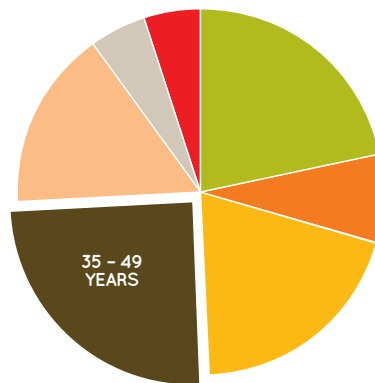

AGE PROFILE

0 - 14 YEARS	22%
15 - 19 YEARS	8%
20 - 34 YEARS	20%
35 - 49 YEARS	25%
50 - 64 YEARS	16%
65 - 74 YEARS	5%
75 + YEARS	5%

KEY FEATURES

65

NUMBER OF
RETAILERS

77m

TOTAL ANNUAL SALES (\$)

17,675

▶ [TASK]: Could you copy each line from the listing that has the word "YEARS" in it?

▶ [ANSWER TO THIS TASK]:
0 - 14 YEARS	22%
15 - 19 YEARS	8%
20 - 34 YEARS	20%
35 - 49 YEARS	25%
50 - 64 YEARS	16%
65 - 74 YEARS	5%
75 + YEARS	5%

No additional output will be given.